— WORK ORDER —
Identify each line below that contains the word "transformadores", and copy it out.

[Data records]

-- Opening Marker --

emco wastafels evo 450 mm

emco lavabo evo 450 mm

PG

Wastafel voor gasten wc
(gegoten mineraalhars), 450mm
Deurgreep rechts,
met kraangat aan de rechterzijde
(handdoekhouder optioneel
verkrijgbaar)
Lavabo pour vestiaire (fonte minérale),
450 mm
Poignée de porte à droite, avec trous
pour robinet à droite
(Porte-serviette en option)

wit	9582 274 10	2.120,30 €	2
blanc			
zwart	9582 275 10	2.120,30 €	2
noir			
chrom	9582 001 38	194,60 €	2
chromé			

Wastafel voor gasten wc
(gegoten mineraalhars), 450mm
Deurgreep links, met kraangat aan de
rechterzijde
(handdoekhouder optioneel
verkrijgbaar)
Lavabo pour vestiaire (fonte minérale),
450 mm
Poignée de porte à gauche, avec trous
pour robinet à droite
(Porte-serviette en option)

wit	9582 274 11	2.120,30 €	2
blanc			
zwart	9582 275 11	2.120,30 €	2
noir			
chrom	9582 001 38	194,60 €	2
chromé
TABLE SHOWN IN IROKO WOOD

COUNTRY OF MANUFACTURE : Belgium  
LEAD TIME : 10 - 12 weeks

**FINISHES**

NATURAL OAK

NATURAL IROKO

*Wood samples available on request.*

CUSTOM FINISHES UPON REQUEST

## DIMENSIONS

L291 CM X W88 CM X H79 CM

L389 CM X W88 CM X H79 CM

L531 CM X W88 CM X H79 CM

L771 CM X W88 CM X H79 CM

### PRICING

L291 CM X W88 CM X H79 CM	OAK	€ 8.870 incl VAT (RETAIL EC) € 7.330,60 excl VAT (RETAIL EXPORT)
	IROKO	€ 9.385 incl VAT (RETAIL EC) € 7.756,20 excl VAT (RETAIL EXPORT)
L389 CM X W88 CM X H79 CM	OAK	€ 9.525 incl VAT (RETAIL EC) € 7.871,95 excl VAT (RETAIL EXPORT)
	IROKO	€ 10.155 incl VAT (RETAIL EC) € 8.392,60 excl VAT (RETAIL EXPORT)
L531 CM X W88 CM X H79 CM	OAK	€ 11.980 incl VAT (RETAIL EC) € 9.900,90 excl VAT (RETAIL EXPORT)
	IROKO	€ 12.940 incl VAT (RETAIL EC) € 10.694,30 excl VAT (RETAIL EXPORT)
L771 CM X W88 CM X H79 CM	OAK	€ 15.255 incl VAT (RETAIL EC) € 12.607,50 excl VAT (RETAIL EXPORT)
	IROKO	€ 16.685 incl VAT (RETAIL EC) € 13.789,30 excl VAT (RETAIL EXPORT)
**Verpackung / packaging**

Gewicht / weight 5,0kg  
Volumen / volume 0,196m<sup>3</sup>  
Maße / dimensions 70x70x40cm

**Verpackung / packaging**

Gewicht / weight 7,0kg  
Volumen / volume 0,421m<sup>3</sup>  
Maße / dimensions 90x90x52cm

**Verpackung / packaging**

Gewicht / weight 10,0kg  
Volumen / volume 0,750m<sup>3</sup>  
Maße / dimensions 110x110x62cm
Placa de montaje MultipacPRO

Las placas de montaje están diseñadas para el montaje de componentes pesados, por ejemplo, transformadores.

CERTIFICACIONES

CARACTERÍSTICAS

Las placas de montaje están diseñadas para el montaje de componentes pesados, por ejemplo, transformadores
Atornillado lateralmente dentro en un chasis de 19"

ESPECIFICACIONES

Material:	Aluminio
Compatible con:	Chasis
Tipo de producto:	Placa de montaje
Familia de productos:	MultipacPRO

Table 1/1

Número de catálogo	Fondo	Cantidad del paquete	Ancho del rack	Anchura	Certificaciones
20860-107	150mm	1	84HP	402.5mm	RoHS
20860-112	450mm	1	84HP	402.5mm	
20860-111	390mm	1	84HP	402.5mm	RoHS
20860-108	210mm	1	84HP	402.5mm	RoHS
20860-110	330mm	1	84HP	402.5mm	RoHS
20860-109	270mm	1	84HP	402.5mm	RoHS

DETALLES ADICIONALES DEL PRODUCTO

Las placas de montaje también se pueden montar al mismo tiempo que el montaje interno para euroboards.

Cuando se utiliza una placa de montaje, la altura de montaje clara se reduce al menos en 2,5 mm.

-- Closing Marker --
-- Opening Marker --

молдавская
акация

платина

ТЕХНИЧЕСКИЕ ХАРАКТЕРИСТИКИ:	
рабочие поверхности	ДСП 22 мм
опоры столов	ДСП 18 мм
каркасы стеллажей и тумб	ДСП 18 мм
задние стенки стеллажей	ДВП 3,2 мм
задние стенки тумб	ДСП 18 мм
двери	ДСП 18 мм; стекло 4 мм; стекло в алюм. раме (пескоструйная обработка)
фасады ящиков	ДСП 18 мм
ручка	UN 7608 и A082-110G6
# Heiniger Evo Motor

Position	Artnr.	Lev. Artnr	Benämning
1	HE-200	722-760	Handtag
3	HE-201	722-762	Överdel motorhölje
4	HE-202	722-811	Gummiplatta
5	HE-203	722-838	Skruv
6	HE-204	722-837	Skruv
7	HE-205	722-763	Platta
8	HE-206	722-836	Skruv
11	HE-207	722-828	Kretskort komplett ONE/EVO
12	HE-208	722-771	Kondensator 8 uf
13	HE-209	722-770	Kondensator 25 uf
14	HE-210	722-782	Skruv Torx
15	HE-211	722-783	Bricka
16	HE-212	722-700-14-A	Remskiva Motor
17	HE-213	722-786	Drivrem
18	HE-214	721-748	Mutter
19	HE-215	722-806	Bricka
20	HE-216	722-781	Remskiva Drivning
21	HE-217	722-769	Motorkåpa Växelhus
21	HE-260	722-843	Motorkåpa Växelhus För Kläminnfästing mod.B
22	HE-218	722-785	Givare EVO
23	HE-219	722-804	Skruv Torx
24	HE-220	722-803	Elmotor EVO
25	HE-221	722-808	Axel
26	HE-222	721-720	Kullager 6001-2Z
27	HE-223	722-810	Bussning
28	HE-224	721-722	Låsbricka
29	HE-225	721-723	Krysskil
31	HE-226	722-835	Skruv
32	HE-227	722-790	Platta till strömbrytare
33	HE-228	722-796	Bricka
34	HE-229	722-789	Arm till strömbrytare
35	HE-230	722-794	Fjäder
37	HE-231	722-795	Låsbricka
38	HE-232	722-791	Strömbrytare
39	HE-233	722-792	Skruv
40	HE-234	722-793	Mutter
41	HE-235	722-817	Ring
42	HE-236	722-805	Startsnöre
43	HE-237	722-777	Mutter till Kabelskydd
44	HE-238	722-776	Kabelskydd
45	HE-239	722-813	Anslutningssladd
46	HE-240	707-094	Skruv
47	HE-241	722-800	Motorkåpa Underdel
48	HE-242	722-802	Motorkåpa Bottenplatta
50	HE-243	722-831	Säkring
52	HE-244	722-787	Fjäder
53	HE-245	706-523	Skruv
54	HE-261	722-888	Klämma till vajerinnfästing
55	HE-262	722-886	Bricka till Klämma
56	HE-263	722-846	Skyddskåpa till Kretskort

-- Closing Marker --

— YOUR SOLUTION —
Las placas de montaje están diseñadas para el montaje de componentes pesados, por ejemplo, transformadores.
Las placas de montaje están diseñadas para el montaje de componentes pesados, por ejemplo, transformadores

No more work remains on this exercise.